GitHub - Nagamedha/CSC8370_Data_Security

Branches Tags

Name		Name	Last commit message	Last commit date
Latest commit History 6 Commits
Code		Code
Output		Output
Group5_DS Final Project Report.pdf		Group5_DS Final Project Report.pdf
Readme		Readme

Repository files navigation

CSC8370 Data Security Project: README
Project Overview
This project implements machine learning solutions for MNIST handwritten digit classification. The project is divided into three levels, each with increasing complexity:
• Level 1: Centralized Learning
• Level 2: Federated Learning
• Level 3: Robust Federated Learning with Malicious Client Detection
The models are evaluated on accuracy, and output files are generated to facilitate further analysis.

Team Members
• Nagamedha Sakhamuri – 002828574 – nsakhamuri1@student.gsu.edu
• Pranav Chowdary Nagothu – 002852538 – pnagothu1@student.gsu.edu
Contributions: Both team members collaborated equally on all levels, including coding, testing, and documentation.

Project Structure
The project consists of three Python scripts:
1 Level1_Final.ipynb: Implements centralized learning for MNIST classification.
2 Level2_Final.ipynb: Implements federated learning with 10 clients.
3 Level3_Final.ipynb: Implements federated learning with malicious client detection and robust aggregation.

Requirements
The project requires the following Python libraries:
• torch
• torchvision
• matplotlib
• random
• copy
• google.colab (for file downloads in Colab)
Install missing libraries using:
!pip install torch torchvision matplotlib

Instructions
Setup
1 Open Google Colab.
2 Upload the desired level script (Level1_Final.ipynb, Level2_Final.ipynb, or Level3_Final.ipynb).
3 Run the script step by step or all at once.
4 Ensure the runtime type is set to GPU for faster execution:
◦ Navigate to Runtime > Change runtime type.
◦ Set Hardware Accelerator to GPU.

Level 1: Centralized Learning
• Overview: All MNIST data is centralized, and a Convolutional Neural Network (CNN) is trained to classify the digits.
• Execution:
1 Open Level1_Final.ipynb in Google Colab.
2 Run the script to train the model.
• Output Files:
◦ mnist_training.log: Logs training and testing accuracy for each epoch.
◦ best_mnist_model.pth: Stores the best-performing model's parameters.
◦ mnist_performance_graph.png: Visualizes accuracy over epochs.

Level 2: Federated Learning
• Overview: Implements federated learning with 10 clients, each holding a partition of the MNIST dataset.

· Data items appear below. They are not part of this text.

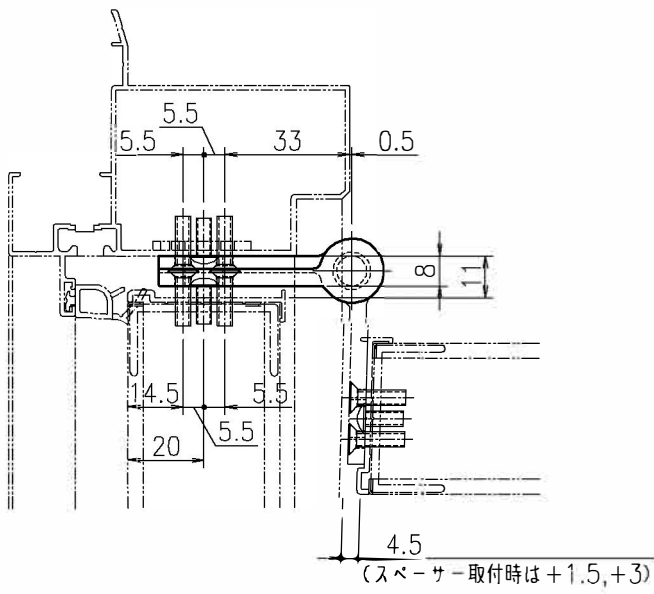

△※SI、GDSは指定色塗装
 △7は指定色塗装
 本部品は、美和ロック製である

サムターン 納まり図 (1:1)

右勝手納まり図 (1 : 2)

左勝手納まり図 (1 : 2)
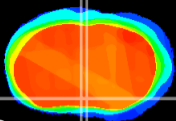

*Coronal*

*Sagittal-R*

*Sagittal-L*

ViBrism: CX01049  
*Horizontal*

MPA

Models are trained locally and aggregated on a central server.
• Execution:
1 Open Level1_Final.ipynb in Google Colab.
2 Run the script to simulate federated learning.
• Output Files:
◦ level2_training.log: Logs accuracy values for each global epoch.
◦ federated_mnist_model.pth: Stores the aggregated global model's parameters.
◦ performance_graph_level2.png: Visualizes accuracy over federated learning rounds.

Level 3: Robust Federated Learning with Malicious Client Detection
• Overview: Introduces malicious clients that submit falsified updates. Implements mechanisms to detect and mitigate the effects of such clients using robust aggregation.
• Execution:
1 Open Level1_Final.ipynb in Google Colab.
2 Run the script to simulate federated learning with malicious client detection.
• Output Files:
◦ federated_mnist_level3_model.pth: Stores the final model parameters after robust aggregation.
◦ level3_accuracy_graph.png: Visualizes accuracy during the training process.
◦ federated_learning_level3.log: Logs accuracy values and detected malicious clients per epoch.

Performance Analysis
The performance of all three levels is analyzed and visualized in a combined graph:
1 Level 1: Centralized Learning
◦ Accuracy consistently improves over 20 epochs, reaching 99.36%.
2 Level 2: Federated Learning
◦ Accuracy improves steadily over 10 rounds, reaching 98.01%.
3 Level 3: Robust Federated Learning
◦ With malicious client detection, accuracy improves over 15 rounds, reaching 98.52%.
• Output File:
◦ accuracy_comparison_graph.png: Shows accuracy comparison across all three levels.
Instructions to Hardcode Data: Update the level1_accuracies, level2_accuracies, and level3_accuracies lists with your performance results in the script to regenerate the graph.

Notes
• Ensure that output files are downloaded after execution using the integrated download functionality.
• Use GPU acceleration to avoid long training times.
• For Level 3, modify thresholds or parameters to experiment with detecting and mitigating malicious clients.
• Duplicate or replace output files automatically if they already exist during multiple runs.